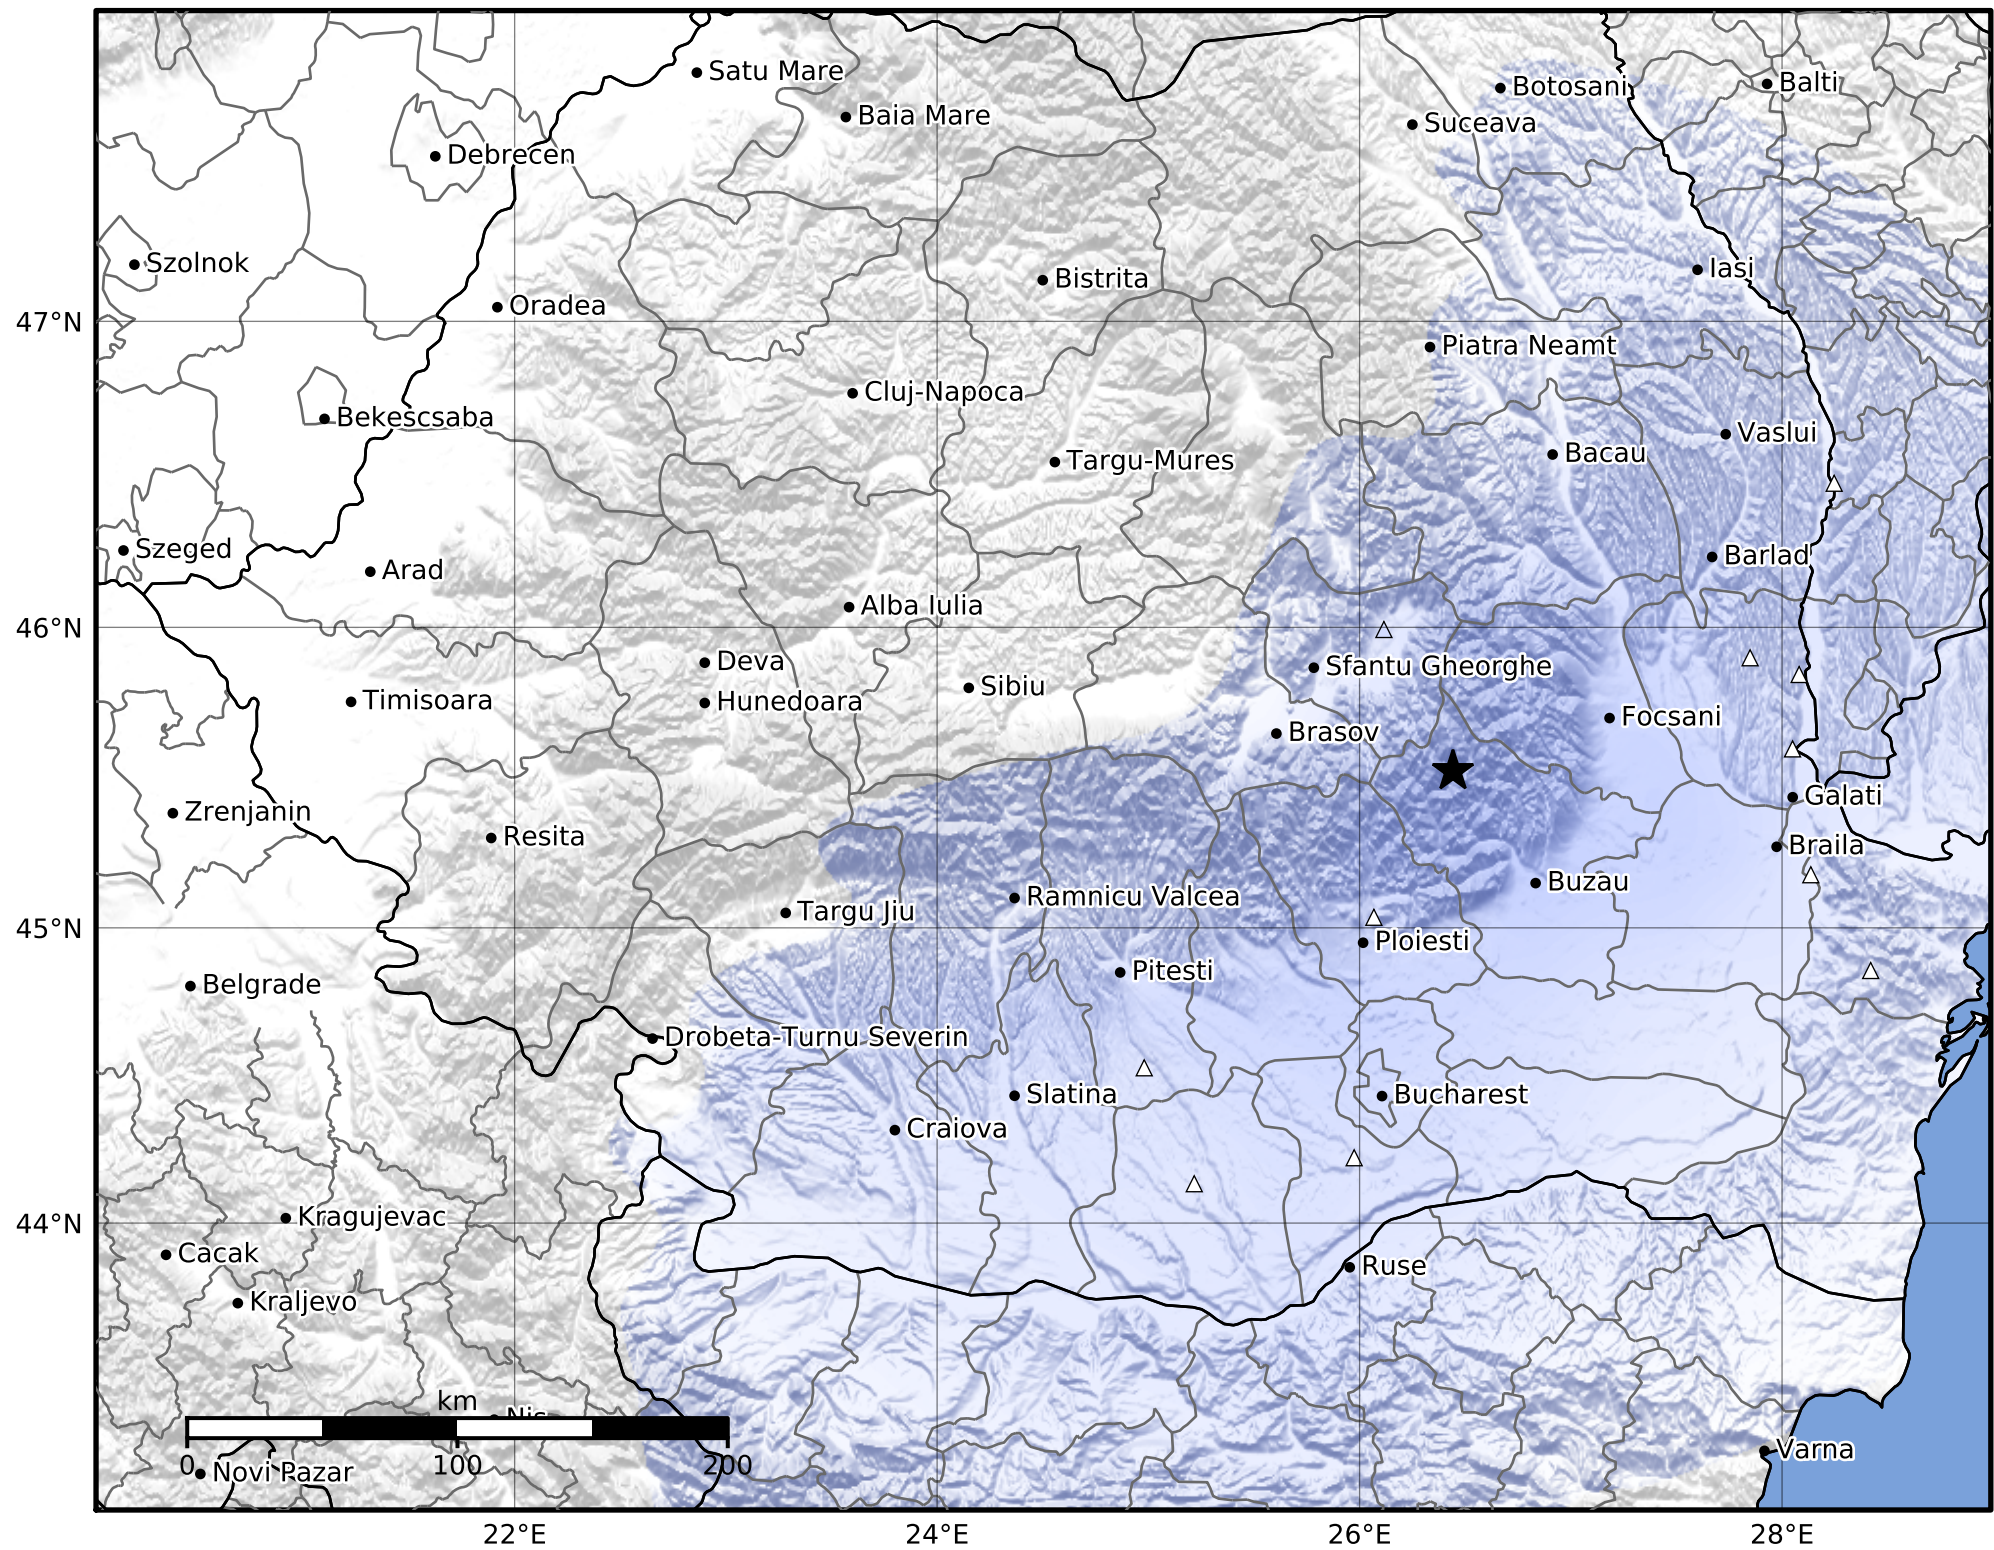

Macroseismic Intensity Map  
 INFP ShakeMap: Zona seismică Vrancea - Buzău  
 Dec 10, 2024 20:06:56 UTC M3.6 N45.52 E26.44 Depth: 115.0km  
 ID:2024121020065687

SHAKING	Not felt	Weak	Light	Moderate	Strong	Very strong	Severe	Violent	Extreme
DAMAGE	None	None	None	Very light	Light	Moderate	Moderate/heavy	Heavy	Very heavy
PGA(%g)	<0.05	0.3	2.76	6.2	11.5	21.5	40.1	74.7	>139
PGV(cm/s)	<0.02	0.13	1.41	4.65	9.64	20	41.4	85.8	>178
INTENSITY	<b>I</b>	<b>II-III</b>	<b>IV</b>	<b>V</b>	<b>VI</b>	<b>VII</b>	<b>VIII</b>	<b>IX</b>	<b>X+</b>

Scale based on Worden et al. (2012)

Version 1: Processed 2024-12-10T20:47:35Z

△ Seismic Instrument

○ Macroseismic Observation

★ Epicenter

__________

→ REQUIREMENT: Word for word, copy every line of the data, excluding any pictures.

→ EXERCISE RESULT:
Macroseismic Intensity Map  
 INFP ShakeMap: Zona seismică Vrancea - Buzău  
 Dec 10, 2024 20:06:56 UTC M3.6 N45.52 E26.44 Depth: 115.0km  
 ID:2024121020065687

SHAKING	Not felt	Weak	Light	Moderate	Strong	Very strong	Severe	Violent	Extreme
DAMAGE	None	None	None	Very light	Light	Moderate	Moderate/heavy	Heavy	Very heavy
PGA(%g)	<0.05	0.3	2.76	6.2	11.5	21.5	40.1	74.7	>139
PGV(cm/s)	<0.02	0.13	1.41	4.65	9.64	20	41.4	85.8	>178
INTENSITY	<b>I</b>	<b>II-III</b>	<b>IV</b>	<b>V</b>	<b>VI</b>	<b>VII</b>	<b>VIII</b>	<b>IX</b>	<b>X+</b>

Scale based on Worden et al. (2012)

Version 1: Processed 2024-12-10T20:47:35Z

△ Seismic Instrument

○ Macroseismic Observation

★ Epicenter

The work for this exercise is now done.